Which two poems best exemplify the characteristics of British Romanticism and Romantic poetry?
This list can be quite exhausting. There were so many poems that were produced during the Romantic time period that were so highly conscious of following the forms and ideals of Romanticism that it could be quite open in selection of poems. For example, if I were to select a poem that emphasized the power of the natural setting, Wordsworth's "I Wandered Lonely as a Cloud" or Shelley's "Ode to the West Wind" could be two of literally hundreds that could be chosen. At the same time, if I wanted to select a poem that emphasized the individual experience and mode of subjectivity as being essential to consciousness, I could select Wordsworth's "The Solitary Reaper" or Byron's "She Walks in Beauty." In the end, identifying the specific characteristics that are being analyzed can help out greatly in selecting matching poems.
There really aren't just two poems that exemplify Romanticism in Britain. There are many. I can give you two that do it very well, though.
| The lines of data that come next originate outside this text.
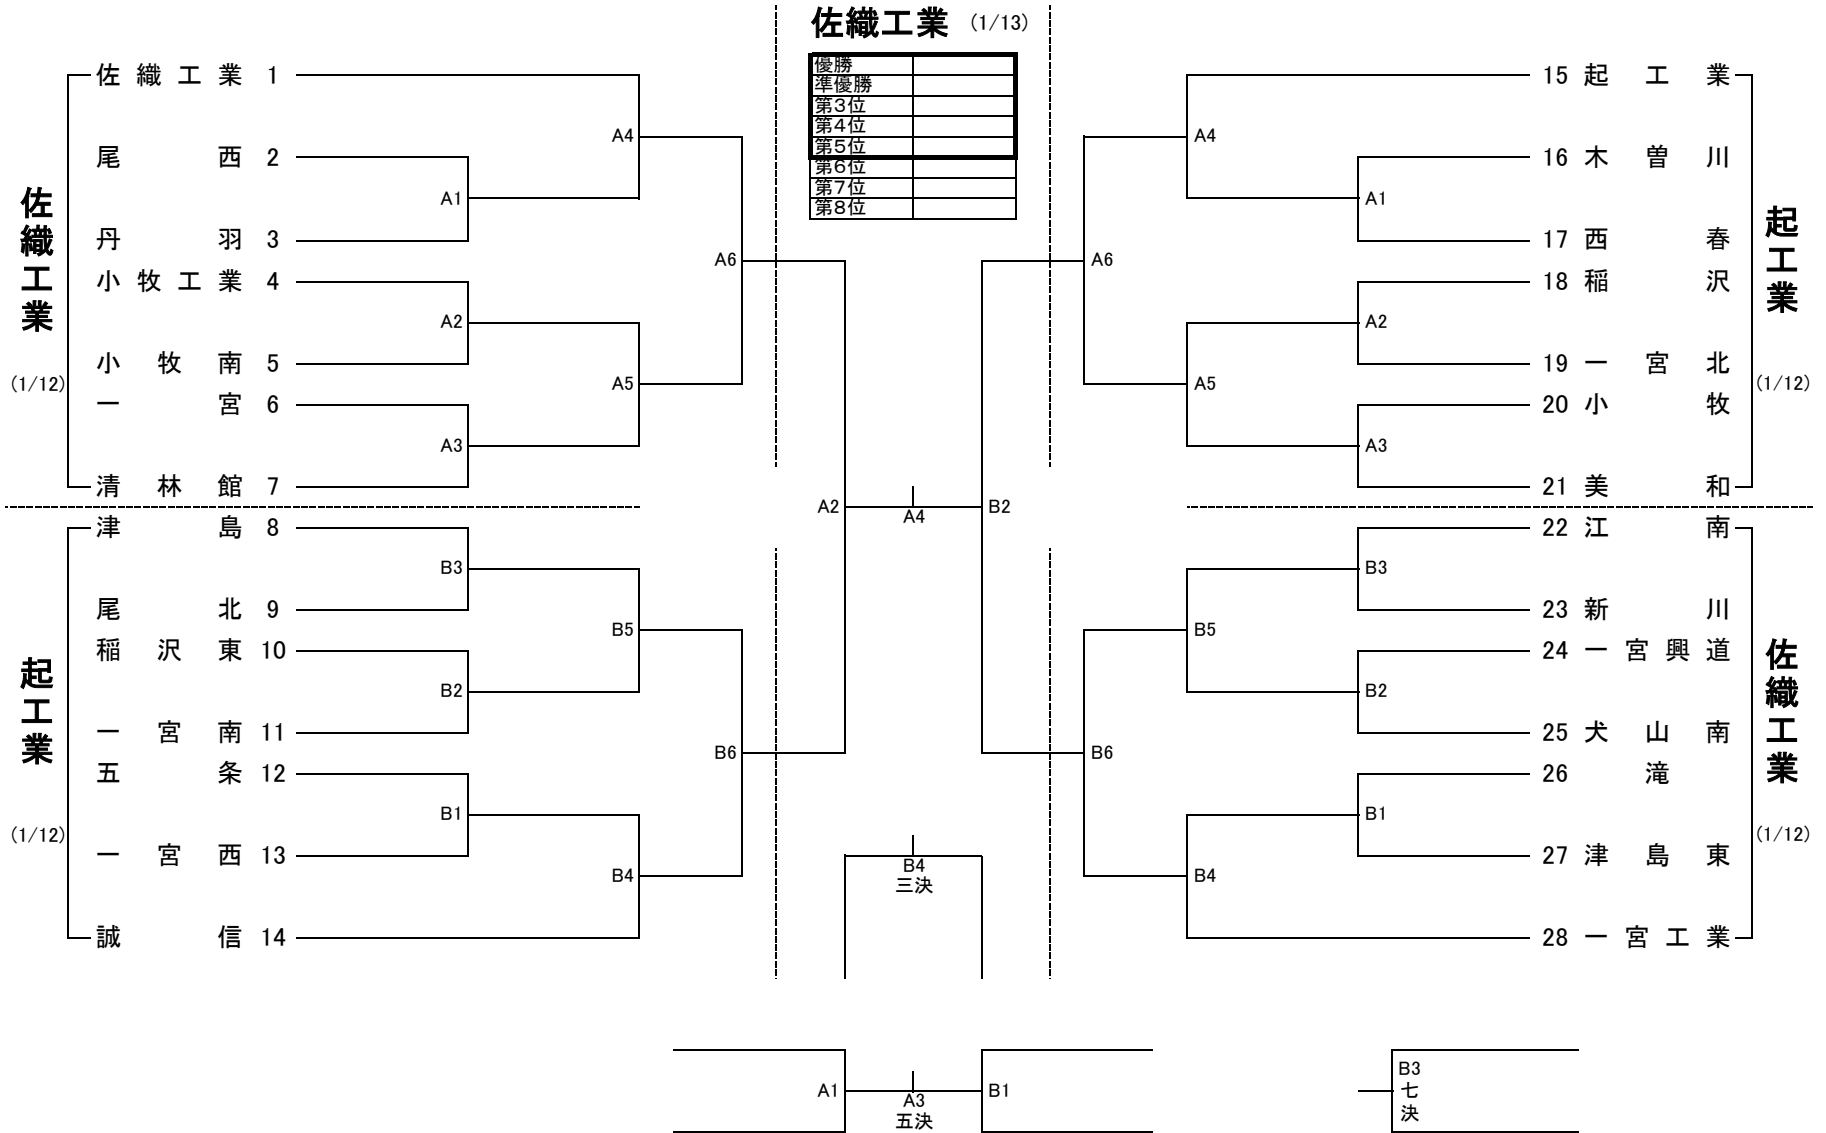

平成30年度愛知県高等学校新人体育大会バレーボール競技兼東海高等学校バレーボール選抜大会 尾張支部予選会

〔男子組み合わせ〕

日時 1/12 (土) 8:09 開場 8:40 第1試合開始
場所 1/12 (土) 佐織工業、起工業

1/13 (日) 8:34 開場 9:10 第1試合開始
1/13 (日) 佐織工業

試合開始時刻

	1日目	2日目
	6試合コート	
第1試合	8:40	9:10
第2試合	10:05	10:35
第3試合	11:20	11:40
第4試合	12:35	12:45
第5試合	13:40	
第6試合	15:00	

※試合開始時刻の11分前にプロトコールを行う
※試合開始時刻は早まることはない

顧問打ち合わせ 1日目8:00～ 2日目8:30～

平成30年度愛知県高等学校新人体育大会バレーボール競技兼東海高等学校バレーボール選抜大会 尾張支部予選会

[女子組み合わせ] 日時 1/12 (土) 8:09 開場 8:40 第1試合開始
場所 1/12 (土) 一宮商業、古知野

1/13 (日) 8:04 開場 8:40 第1試合開始
1/13 (日) 一宮商業

※試合開始時刻の11分前にプロトコールを行う
※試合開始時刻は早まることはない

顧問打ち合わせ 1日目8:00~ 2日目8:00~

Wordsworth's "Tintern Abbey" demonstrates the romantic view of nature, its possible effects on human imagination and character, and Wordsworth's writing process. He demonstrates how he experiences nature, recollects it, then writes about it.
Shelley's "Ode to the West Wind" also reveals the romantic idea of nature working in human imagination--Shelley desires that the wind help him to do for poetry in the world what the wind does to the landscape.
Again, Romanticism is multi-faceted and is represented by a multitude of poems. These are just two that demonstrate romantic characteristics.